West Side Story
Steven Spielberg's energetic remake of West Side Story lacks the emotional punch of the original film, but for once, I think the problem is with me. I am so familiar with the original source material, having seen both the earlier film and various stage productions, that the story has become somewhat overly familiar to me. That matters little when everything else about the film is so sensational. While I personally would rather have Tick, Tick...Boom over this, Spielberg's effort is still filled with moments of brilliance. Releasing sixty years after the Oscar-winning original film, this is a film that emphasizes what works about the source material without straying too far from tradition. It actually has the feeling and is shot similar to an older Hollywood Musical, while at the same time, not relying on the earlier movie. This feels like a new film from a different era of movie making. And yet, you can see some of Spielberg's signature directing style throughout. In a bold move, the film does not feature any big name stars, and few recognizable faces. The draw is the familiar story and the director's name. Judging by the film's take on the box office, that wasn't quite enough to draw in audiences, which is sad. Even if the story is overly familiar to most audiences by now, it is still intimate and heartfelt in its own way, and its themes of racial bigotry still hit.As always, the story is set in the late 1950s New York City, with a turf war brewing between two street gangs. The white Jets gang are feuding with the Puerto Rican Sharks over territory, and the sense that the Jets feel the home they were born and raised in is being taken over by immigrants. As the feud begins to quickly escalate toward violence, the story finds one of the Jets, a former juvenile delinquent named Tony (Ansel Elgort) who is trying to improve his life after serving a short prison sentence, falling in love with Maria (YouTube star Rachel Zegler, making a luminous screen debut), the sister of Sharks member Bernardo (David Alvarez). The love that grows between Tony and Maria is looked down upon by both sides of the turf war, and inevitably in true Romeo and Juliet fashion, will lead to tragedy.
West Side Story has always been powered by its immortal musical score written by the legendary Leonard Bernstein and Stephen Sondheim. Sondheim sadly passed mere weeks before the film came out, but he gave his full support to the film while it was in production, and Spielberg has done pretty much nothing here that could be considered a major alteration to the 1957 Broadway smash. Working with playwright and screenwriter Tony Kushner (who has worked with Spielberg in the past on the films Munich and Lincoln), the film expands on some of the original text's ideas, or emphasizes certain character's backstories. In another intriguing move, the film features a certain amount of dialogue in Spanish without subtitles, which makes sense during the scenes when we are within Maria's home, and she is among her family. The emotion and the power of these scenes is still able to come through, even in a different language, and it only adds to the honesty of the picture. Spielberg has also cast his film with an amazing amount of talent who, again, are largely not well known to film audiences, but get to show what they can do in the film's numerous musical sequences. Considering that the original film largely featured actors having their voices dubbed over for their singing, it again adds honesty and authenticity that everything up on the screen is coming directly from these talented young singers, actors, and dancers. Spielberg's known love for sentimental storytelling works beautifully with the film's melodramatic love story, and while he lets the innocent love of his two star-crossed leads come through, he also does not shy away from the violence and hard-edged elements that are inherent in the original story. He also handles the film's most famous musical numbers and sequences with expert skill, and in a wonderful touch, gives one of the film's original stars (Rita Moreno) a warm and memorable role as an elderly mentor to Tony.

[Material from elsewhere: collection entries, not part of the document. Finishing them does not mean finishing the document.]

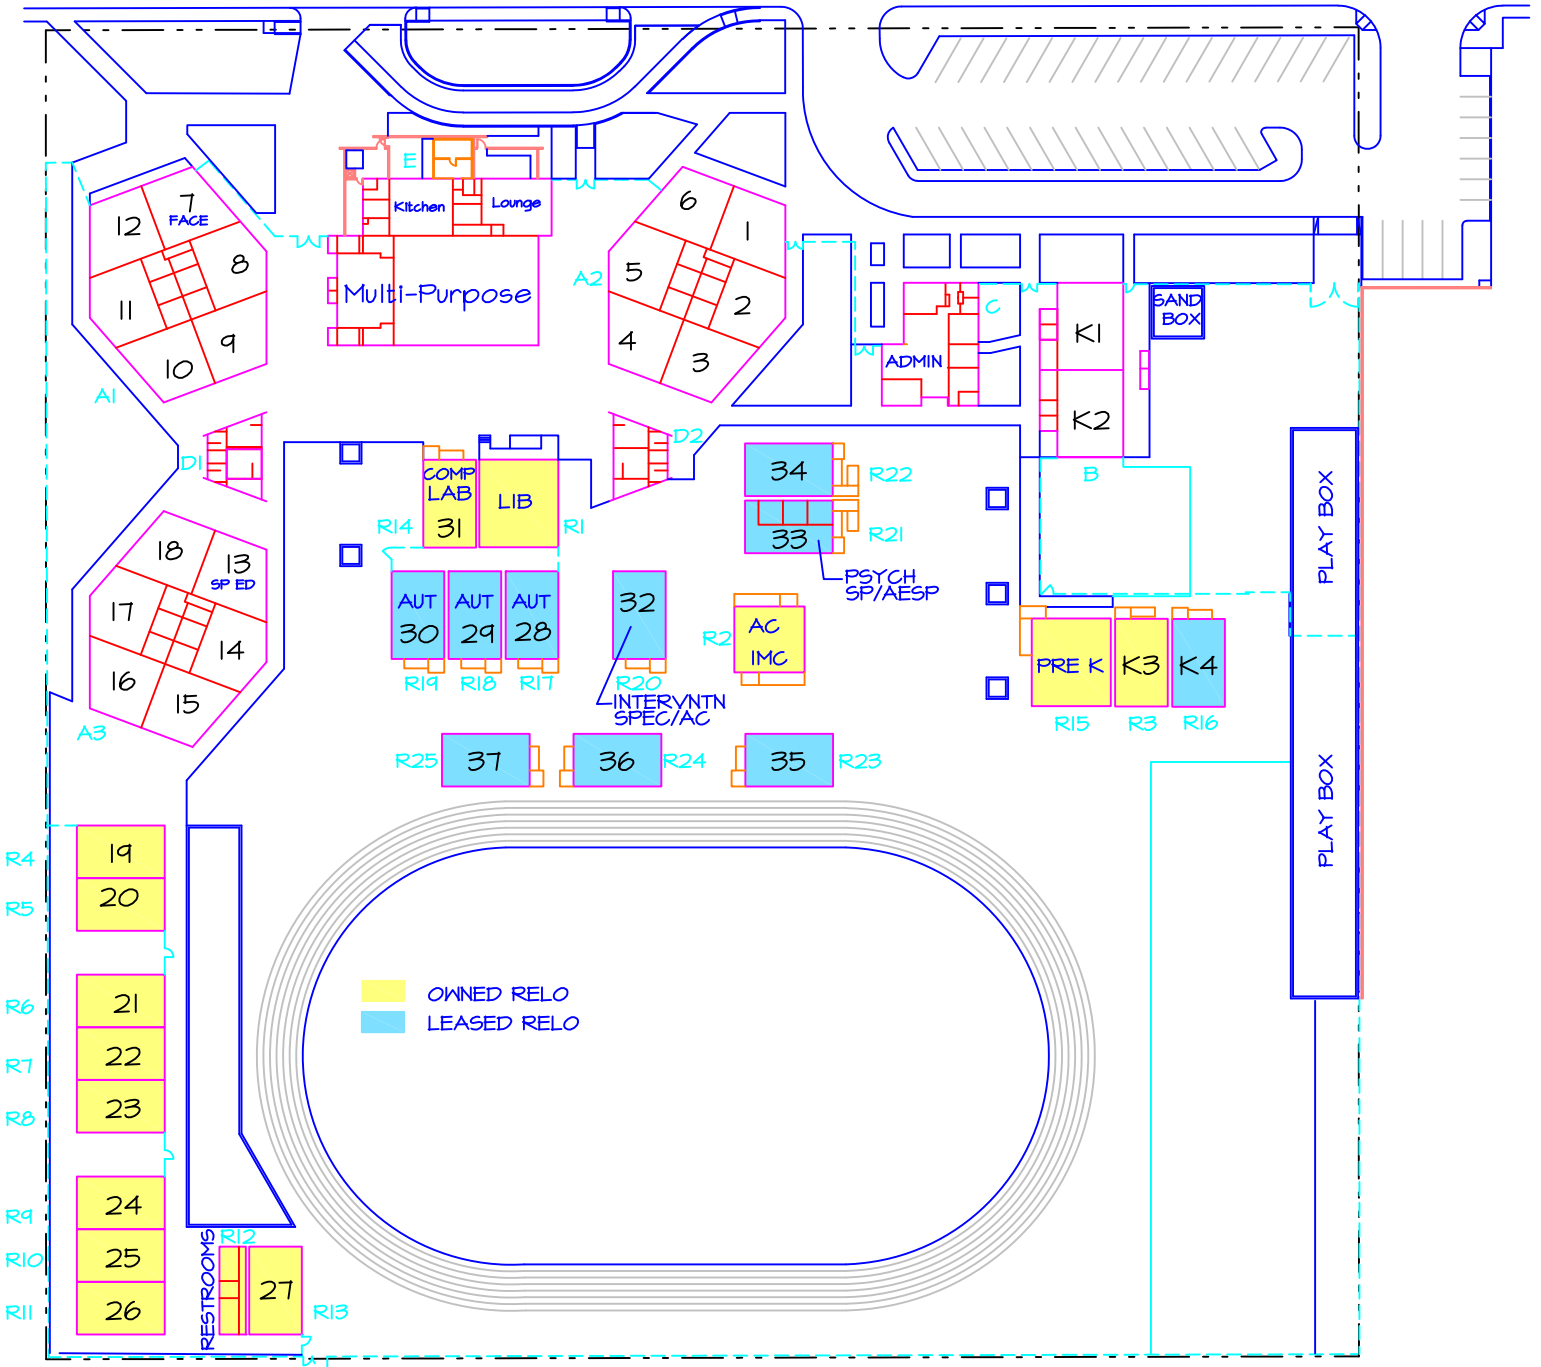

PLANZ ROAD

PAULY ELEMENTARY  
313 PLANZ. ST.  
631-5430

AREA = 361,5779 sq. ft.  
or 8.31 acres

**SITE PLAN**  
**10/31/2017**
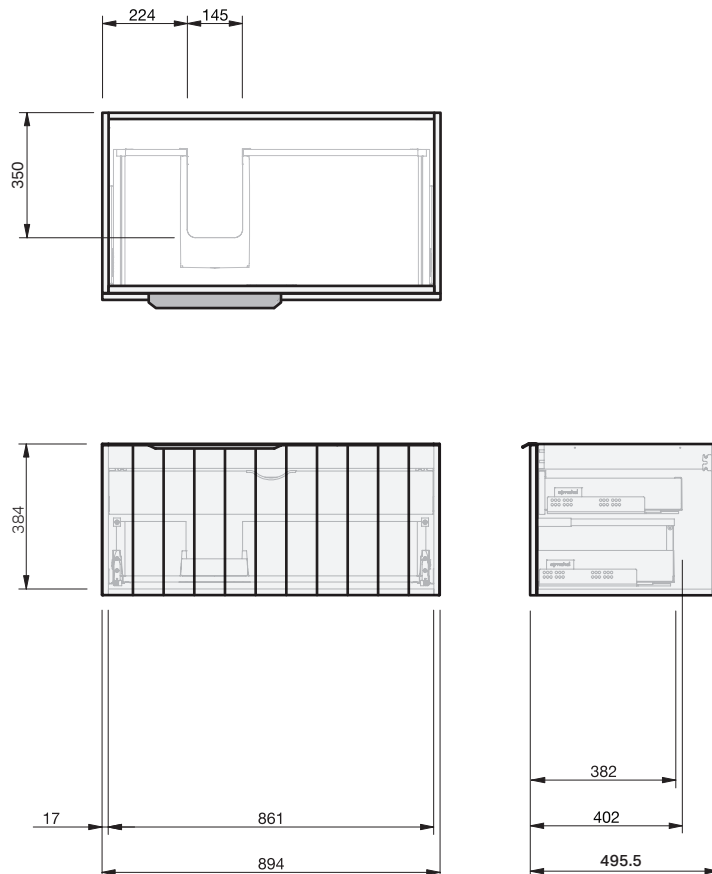

Savoy 50

1Dr Wall 900L

CABINET SPECIFICATION

Product Features

Product Code	Console Vanity / 9004 Benchtop Vanity / 9004BT Benchtop Vanity + Concealed Drawer / 9005BT
Product Description	Savoy - Wall - 900 Left
Drawer Configuration	1 Drawer
Notes	Drawings depict cabinet only and display all concealed drawers. Plumbing positioning still applies if your cabinet code is listed in this document and your concealed drawer configuration differs from image shown.

IMPORTANT NOTE: Throughout this guide, dimensions may vary by ± 2 mm. Please read the installation manual for detailed information on installing the product. St. Michel pursues a policy of continuing improvement in design and manufacturing of its products. The right is therefore reserved to vary specifications without notice.
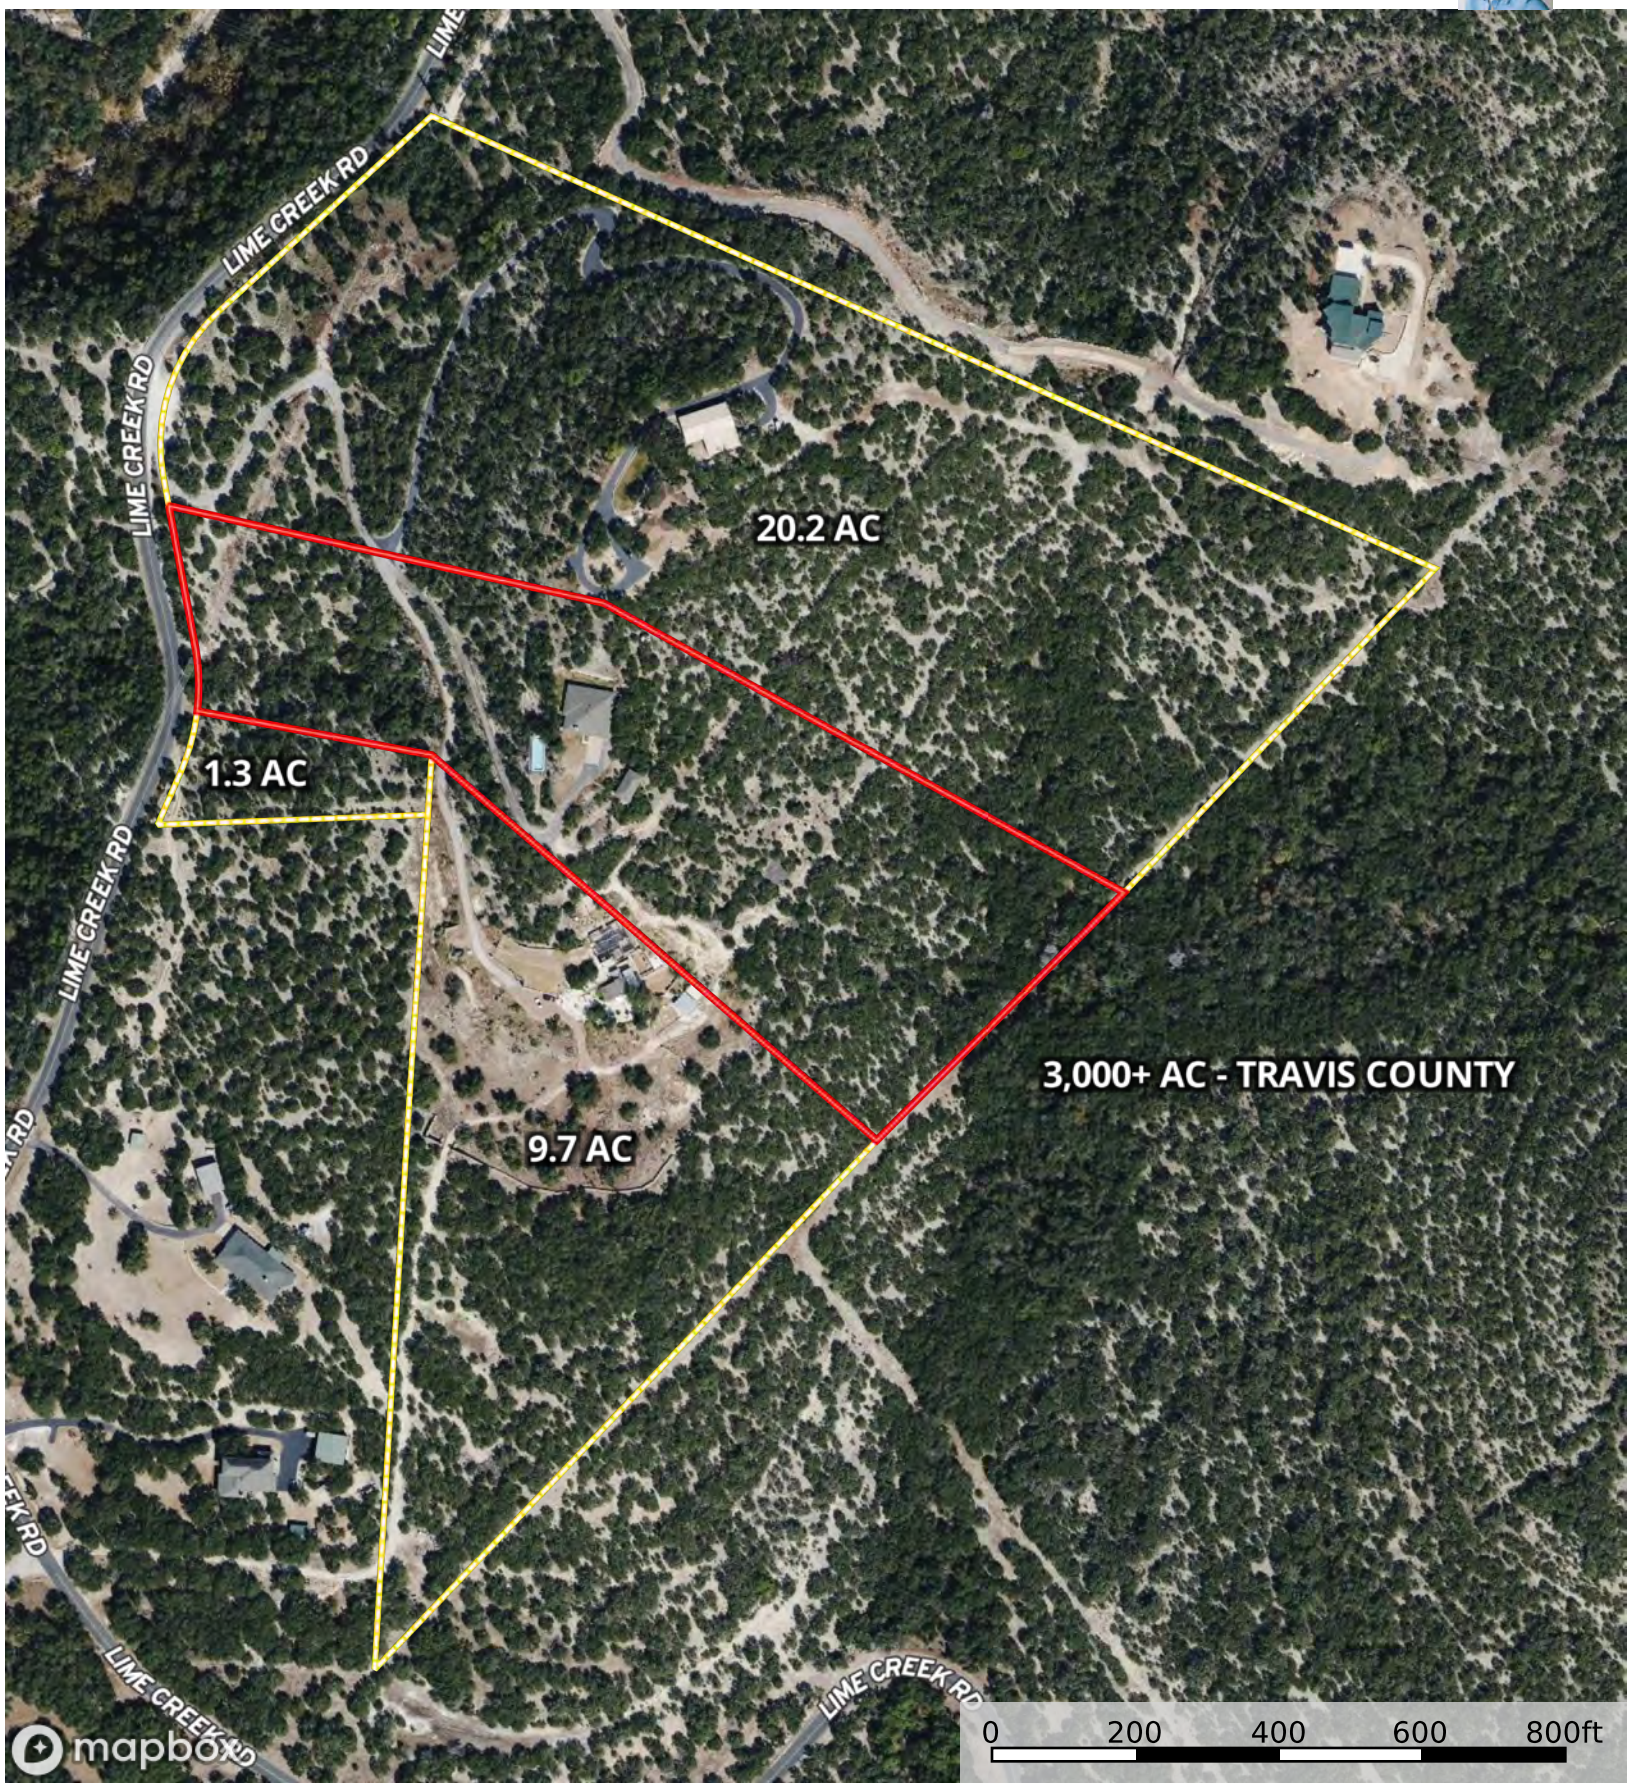

Boundary

Beattie - 10405 Lime Creek Rd, Leander, TX 78641

Travis County, Texas, 10 AC +/-

- Boundary
- Wetlands
- Riparian
- Stream, Intermittent
- River/Creek
- Water Body

Boundary Neighbor

Beattie - 10405 Lime Creek Rd, Leander, TX 78641

Travis County, Texas, 10 AC +/-

Boundary

Balcones Canyonlands Preserve

I think the familiar tone of West Side Story is intentional. Spielberg was not trying to create a new vision of the story, but create his own vision on a classic. He has succeeded so much so, this is one of the few times I hope that a film remake will be held up to the original in the years to come. He trusts the material he's been given, and simply gives it to his audience straight, while adding his own style and subtext in subtle ways. For a purist, that's probably the highest complement anyone could give.